LAURINDO LALO LEAL Fº
ESPECIAL PARA A FOLHA

O barulho em torno da guerra dominical pela audiência da TV vai acabar logo. Já foi assim outras vezes. Os mais velhos lembram do espírito do "Seu Sete", baixando nos auditórios do Chacrinha, Flávio Cavalcanti e Silvio Santos nos idos de agosto de 1971. Foi um alvoroço.
A ditadura ameaçou intervir, mas os produtores foram rápidos, "domesticaram" os seus programas e tocaram em frente. A história vai se repetir.
O domingo televisivo ficará menos emocionante sem o "sushi erótico" ou os seios de fora, mas nem por isso menos imbecilizado. Ou antes desses pratos "quentes" serem servidos, havia vida inteligente naqueles programas? Claro que não.

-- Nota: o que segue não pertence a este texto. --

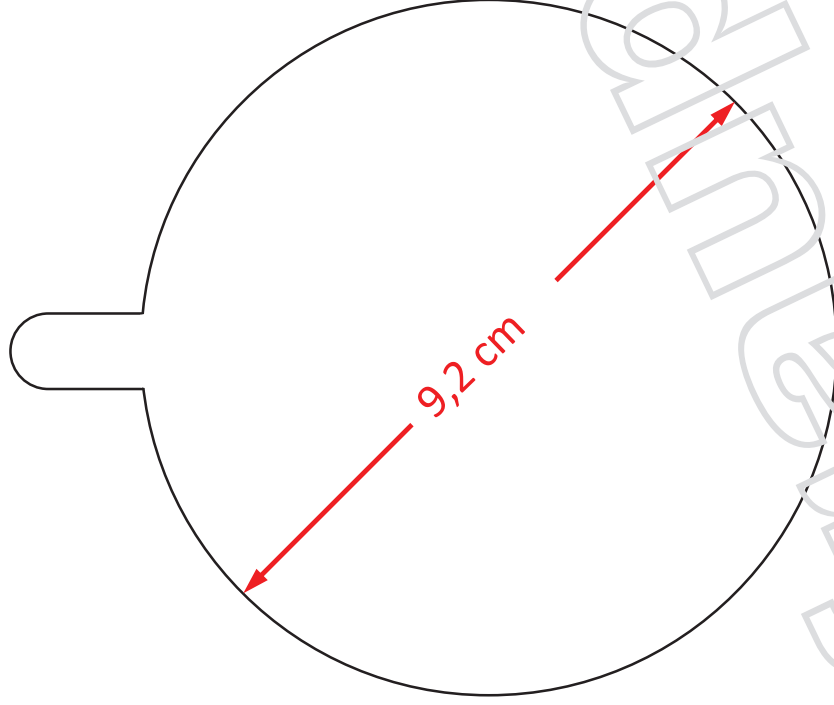

benötigte Brettgröße: 32 c

m x 17 cm x 0,9 cm

Como não há em quase toda a programação da TV comercial brasileira que vai da Xuxa ao Ratinho, passando por diversas rotas do crime. São pratos diários, que não provocam tanto escândalo, mas que talvez sejam ainda mais perniciosos do que os do cardápio dominical.
Só existe uma saída: a criação de mecanismos democráticos de controle público da TV. Trata-se de um tabu que precisa ser enfrentado com coragem. Longos anos vividos sob censura fazem com que muita gente tenha calafrios ao ouvir essa proposta.
Desse temor se aproveitam alguns interessados na preservação do atual estado de coisas. Para tanto, usam argumentos frágeis, do tipo "não gostou muda de canal". Como se isso mudasse alguma coisa, num mercado que não permite qualquer possibilidade de escolha real e onde todas as ofertas são iguais.
A melhor TV do mundo, a do Reino Unido, só é tão boa porque funciona sob controle. Para isso, o Parlamento criou dois órgãos. Um deles é o Broadcasting Standards Council, que acompanha temas que possam ferir o "bom gosto e a decência", o uso correto da língua e a dignidade dos cidadãos na cobertura de "desastres naturais ou tragédias humanas".
O outro órgão é a Broadcasting Complaints Comission que analisa as queixas dos telespectadores, que vão da invasão de privacidade até o tratamento considerado grosseiro com algum entrevistado. Além da existência de um permanente controle de qualidade exercido pelos conselhos diretores da BBC e da ITC, o órgão regulador da tevê comercial.
Não há censura. As análises dos programas são feitas "a posteriori" e rotineiramente, com a divulgação ampla dos seus resultados. Quem insiste em sair da linha pode ser advertido, multado e até ter a concessão cassada.
Fecha-se, com antecedência, qualquer espaço para o surgimento de possíveis banheiras e banquetes dominicais, de estímulos ao erotismo nos programas infantis ou do humorismo fácil, feito de preconceitos e estereótipos.
Aqui ainda estamos longe disso, mas o debate atual já é um grande avanço. É importante mantê-lo vivo para que um dia a tevê brasileira esqueça um pouco o consumidor e comece a conversar com o cidadão.

Laurindo Lalo Leal Filho, jornalista, é professor livre-docente da USP e autor dos livros "Atrás das Câmeras" e "A Melhor TV do Mundo", publicados pela Summus Editorial.